(Data extract Opens)
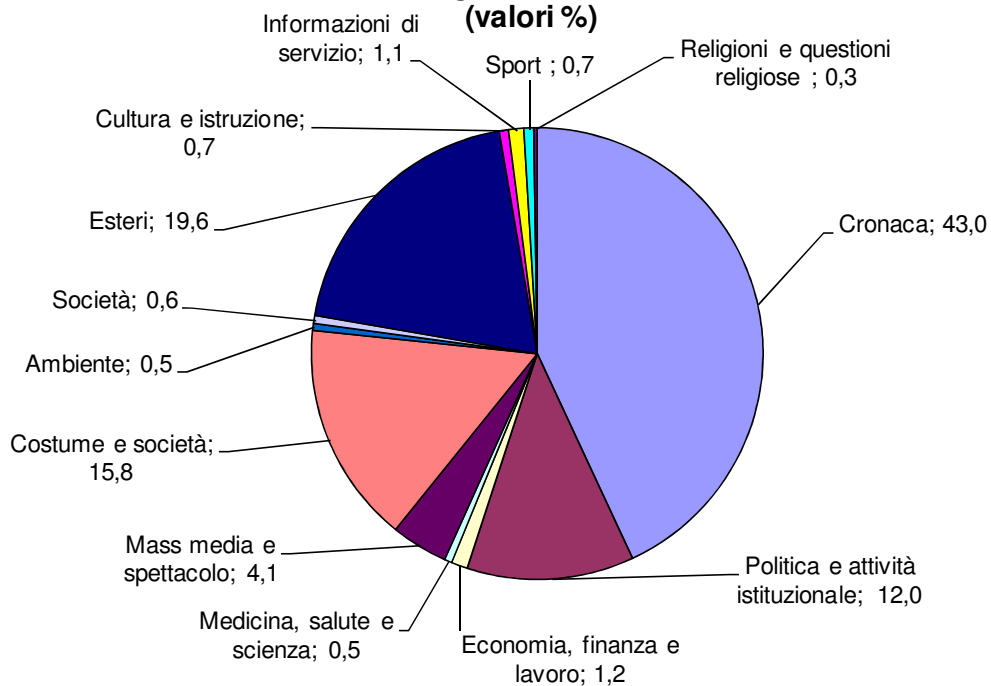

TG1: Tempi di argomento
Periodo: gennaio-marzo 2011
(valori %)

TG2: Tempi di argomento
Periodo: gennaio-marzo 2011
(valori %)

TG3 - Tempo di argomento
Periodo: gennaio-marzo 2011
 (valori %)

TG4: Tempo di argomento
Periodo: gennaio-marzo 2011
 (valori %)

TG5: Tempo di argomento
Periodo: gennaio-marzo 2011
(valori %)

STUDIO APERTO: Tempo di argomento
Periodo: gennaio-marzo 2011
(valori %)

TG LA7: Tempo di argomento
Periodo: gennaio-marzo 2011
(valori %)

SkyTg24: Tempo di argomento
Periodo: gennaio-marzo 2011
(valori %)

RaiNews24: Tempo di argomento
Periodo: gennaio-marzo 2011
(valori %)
(Data extract Closes)
> _Requirement_
Retype all of the listing above exactly, but keep its pictures out.

> _Solution for this task_
TG1: Tempi di argomento
Periodo: gennaio-marzo 2011
(valori %)

TG2: Tempi di argomento
Periodo: gennaio-marzo 2011
(valori %)

TG3 - Tempo di argomento
Periodo: gennaio-marzo 2011
 (valori %)

TG4: Tempo di argomento
Periodo: gennaio-marzo 2011
 (valori %)

TG5: Tempo di argomento
Periodo: gennaio-marzo 2011
(valori %)

STUDIO APERTO: Tempo di argomento
Periodo: gennaio-marzo 2011
(valori %)

TG LA7: Tempo di argomento
Periodo: gennaio-marzo 2011
(valori %)

SkyTg24: Tempo di argomento
Periodo: gennaio-marzo 2011
(valori %)

RaiNews24: Tempo di argomento
Periodo: gennaio-marzo 2011
(valori %)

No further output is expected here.